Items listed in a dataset

· · · ·

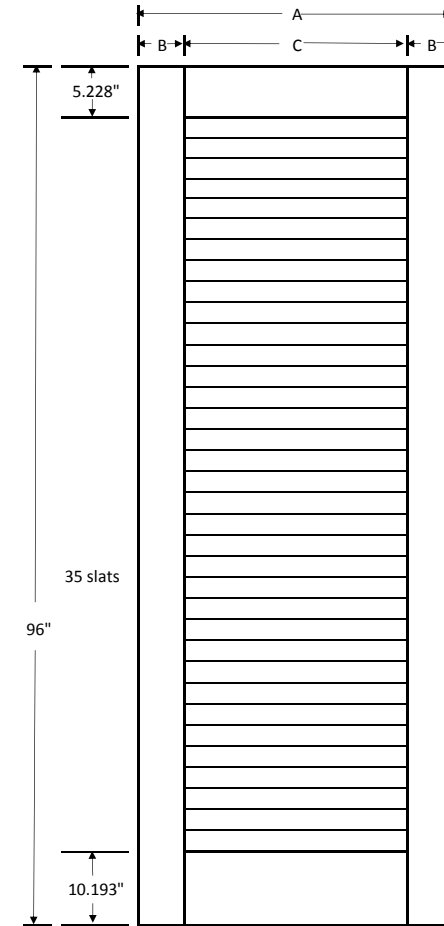

## False Louver - Full Louver Large Slats

**Doors**  
80"

**Doors**  
84"

**Doors**  
96"

Door Width	Stile Width	Rail length
A	B	C
12"	2"	8"
14"	2"	10"
16"	2"	12"
18"	3-3/8"	11-1/4"
20"	3-3/8"	13-1/4"
22"	3-3/8"	15-1/4"
24"	4-3/8"	15-1/4"
26"	4-3/8"	17-1/4"
28"	4-3/8"	19-1/4"
30"	4-3/8"	21-1/4"
32"	4-3/8"	23-1/4"
34"	4-3/8"	25-1/4"
36"	4-3/8"	27-1/4"

· · · ·

Your reply should be the entries copied exactly, with all images omitted.

## False Louver - Full Louver Large Slats

**Doors**  
80"

**Doors**  
84"

**Doors**  
96"

Door Width	Stile Width	Rail length
A	B	C
12"	2"	8"
14"	2"	10"
16"	2"	12"
18"	3-3/8"	11-1/4"
20"	3-3/8"	13-1/4"
22"	3-3/8"	15-1/4"
24"	4-3/8"	15-1/4"
26"	4-3/8"	17-1/4"
28"	4-3/8"	19-1/4"
30"	4-3/8"	21-1/4"
32"	4-3/8"	23-1/4"
34"	4-3/8"	25-1/4"
36"	4-3/8"	27-1/4"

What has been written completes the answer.